Does anybody have a problem with binging while dieting?  I know I have a major problem with it.  I can go a few weeks of very strict dieting and than have one tiny snack to satisfy my taste buds then BOOM, I literally eat everything in sight.  I did some major damage today, probably around 10,000 cals and I know when I'm doing it that I shouldn't but I literally can't stop myself.


----------



## exphys88 (May 22, 2012)

My cheat days will spill into the next day some times.  It'll ruin an entire week sometimes.


----------



## PushAndPull (May 22, 2012)

I don't really have this problem. After being on a cut for a decent amount of time, I tend to get full fairly quick so even if I start to binge I just can't put that much food away.


----------



## ~RaZr~ (May 22, 2012)

Usually when I'm cutting weight, the diet process is so strict that when I do cheat, I feel like absolute shit. I hit the CKD and LCD (low carb diet) HARD and so when I let go on my cheat meals, I blow up due to water retention.


----------



## fatsopower (May 22, 2012)

neat trick I learned - might be of use to someone - I take a jar of organic virgin coconut oil, pour it into a flat container, refrigerate for a while till it hardens up, then chop it into tiny peices. Whenever I get a food craving, I take a little piece and let it slowly dissolve in my mouth - cravings gone!

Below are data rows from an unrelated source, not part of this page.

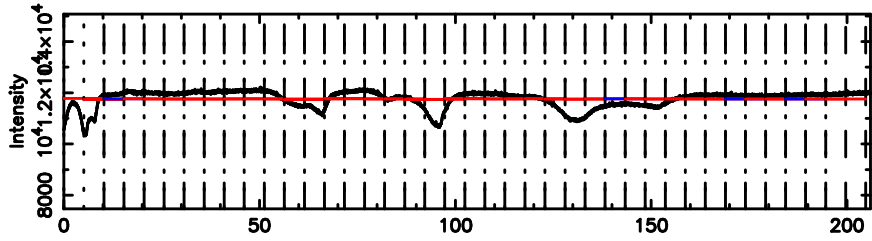

T20240604052806
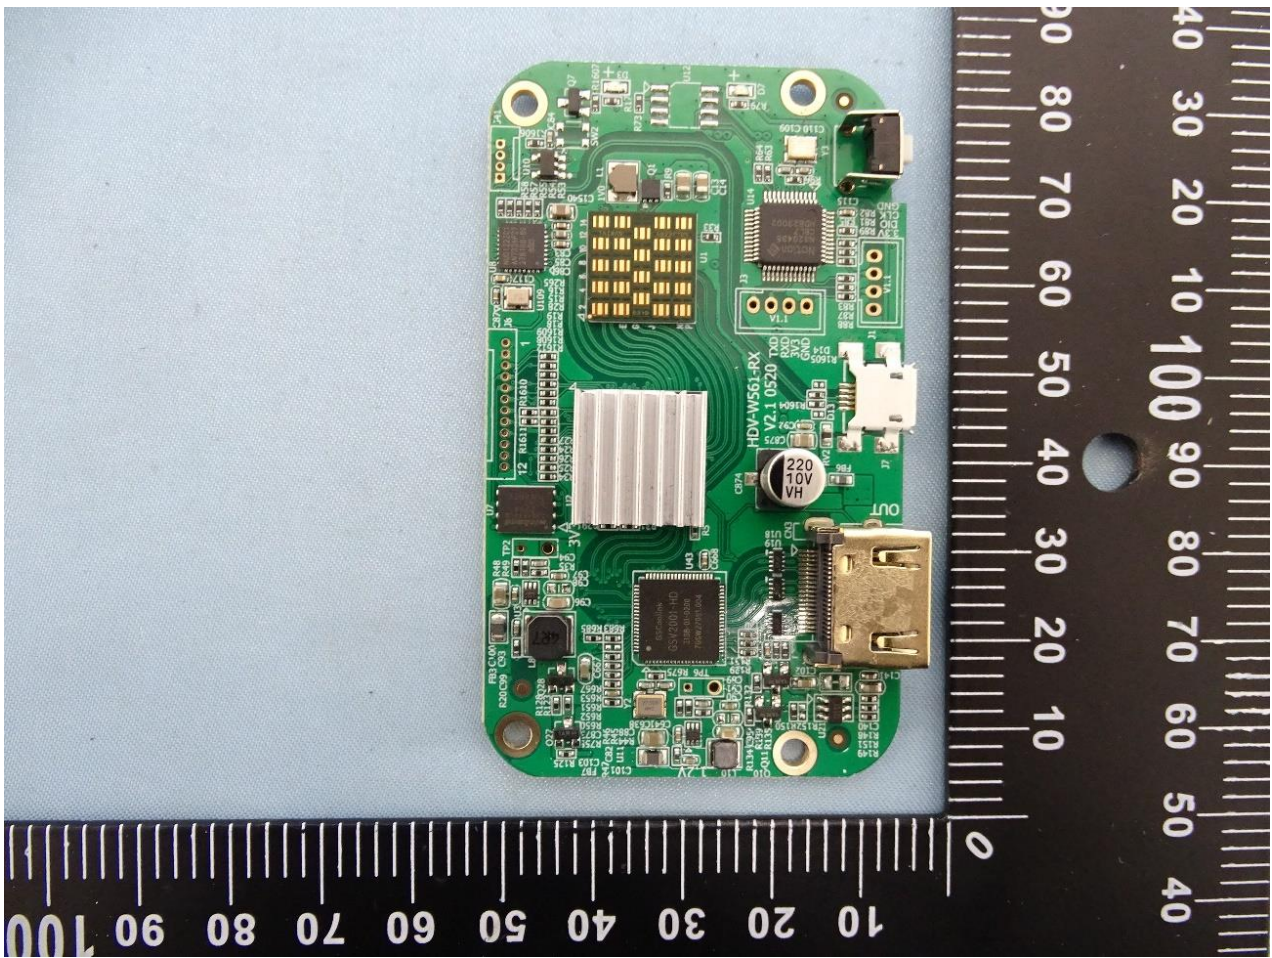

### 3. Internal Photograph of EUT

Brand Name: FUJIFILM Corporation / Model Name: HDV-W561-1 RX

60GHz Antenna

————THE END————
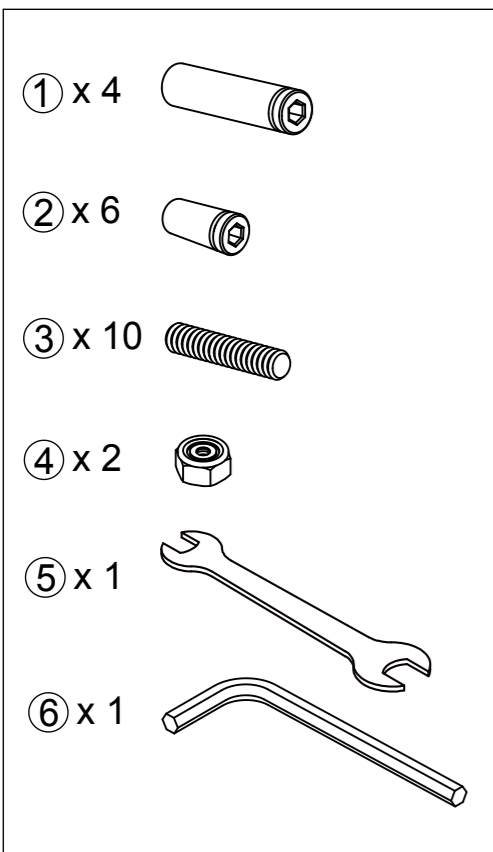

069463-01
SP CHAIR HL LEG

2,54 cm = 1 US INCH

4

③ x 2  ② x 2 

5

③ x 4  ② x 4 

069463-01
SP CHAIR HL LEG

1

another trick is to take a 32 oz water bottle, put in a serving or two of good tasting protein, a half tsp of virgin olive oil, and a heaping tbsp of psyllium husks -  will really give you that full feeling (and keep you regular!)

hope this helps someone


----------



## sassy69 (May 22, 2012)

Eating on a structured schedule is always tough. I'd always say to include a scheduled cheat / week so you have that social & taste-oriented outlet instead of just "you can't".  Any diet is going to be driven by your goals & expectations. If you're doing a contest prep, then its a bigger deal and really does require some attention to commitment. I often repeat to myself the same thing that I tell others when I want to gorge on something in the middle of prep. You either do it, or don't bother. You simply can't do a prep half way and expect to be proud of your results on stage, for the time & money that goes into it. If your'e not 100% committed, then you should probably look at rescheduling your show for some time when you can commit. Simple as that. Trust me I've tried just about every cheat I think I can get away with and every one of them set me back, so its just not worth it getting distracted by the whole thing.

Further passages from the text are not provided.